---------- Material for the task
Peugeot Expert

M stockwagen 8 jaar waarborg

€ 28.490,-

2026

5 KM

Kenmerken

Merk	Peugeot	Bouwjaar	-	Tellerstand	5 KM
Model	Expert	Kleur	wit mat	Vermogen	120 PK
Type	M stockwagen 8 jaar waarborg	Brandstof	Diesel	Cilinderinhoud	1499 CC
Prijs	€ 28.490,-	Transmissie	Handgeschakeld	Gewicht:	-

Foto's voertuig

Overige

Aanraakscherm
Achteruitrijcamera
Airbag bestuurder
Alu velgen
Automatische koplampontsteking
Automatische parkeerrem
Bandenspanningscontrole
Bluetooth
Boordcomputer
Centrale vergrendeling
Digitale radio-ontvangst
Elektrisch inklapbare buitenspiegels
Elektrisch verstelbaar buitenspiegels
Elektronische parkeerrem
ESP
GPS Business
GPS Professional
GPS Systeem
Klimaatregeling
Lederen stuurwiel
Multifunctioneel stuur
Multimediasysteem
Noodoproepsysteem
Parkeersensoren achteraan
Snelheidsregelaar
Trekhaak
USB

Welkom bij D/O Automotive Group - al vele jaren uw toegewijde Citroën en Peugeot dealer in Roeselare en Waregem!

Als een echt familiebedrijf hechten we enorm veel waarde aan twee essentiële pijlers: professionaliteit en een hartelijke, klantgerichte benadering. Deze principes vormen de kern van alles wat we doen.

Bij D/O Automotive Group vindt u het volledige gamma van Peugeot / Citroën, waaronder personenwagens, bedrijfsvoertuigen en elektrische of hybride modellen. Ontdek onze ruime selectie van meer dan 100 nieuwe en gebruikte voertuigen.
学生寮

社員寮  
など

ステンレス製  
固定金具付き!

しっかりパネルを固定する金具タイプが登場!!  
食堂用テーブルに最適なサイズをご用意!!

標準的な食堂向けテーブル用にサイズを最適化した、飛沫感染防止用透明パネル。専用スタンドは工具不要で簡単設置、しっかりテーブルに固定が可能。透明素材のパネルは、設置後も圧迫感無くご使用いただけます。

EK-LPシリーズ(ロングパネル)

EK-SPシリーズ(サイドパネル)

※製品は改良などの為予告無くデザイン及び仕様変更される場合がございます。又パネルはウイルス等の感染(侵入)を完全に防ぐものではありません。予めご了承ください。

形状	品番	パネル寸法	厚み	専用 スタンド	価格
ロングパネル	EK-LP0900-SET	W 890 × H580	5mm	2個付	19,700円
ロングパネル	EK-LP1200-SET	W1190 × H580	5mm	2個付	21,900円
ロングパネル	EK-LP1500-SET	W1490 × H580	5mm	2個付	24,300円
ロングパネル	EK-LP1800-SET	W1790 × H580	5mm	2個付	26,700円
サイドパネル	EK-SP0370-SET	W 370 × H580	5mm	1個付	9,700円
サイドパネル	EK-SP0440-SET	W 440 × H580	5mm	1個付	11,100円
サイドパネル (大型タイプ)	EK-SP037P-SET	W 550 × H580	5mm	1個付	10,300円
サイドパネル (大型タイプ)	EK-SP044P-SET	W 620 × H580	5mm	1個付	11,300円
--------------------
---------- Material for the task
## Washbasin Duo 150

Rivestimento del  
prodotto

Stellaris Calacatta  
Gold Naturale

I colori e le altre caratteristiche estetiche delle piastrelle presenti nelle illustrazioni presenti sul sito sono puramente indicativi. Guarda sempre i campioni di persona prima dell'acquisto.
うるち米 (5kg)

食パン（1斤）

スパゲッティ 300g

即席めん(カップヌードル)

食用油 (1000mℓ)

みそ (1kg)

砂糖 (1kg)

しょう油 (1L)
--------------------
Assignment :: For the word "Expert", count how many lines of the entries contain it; give the number and nothing more.

Solution below :: 2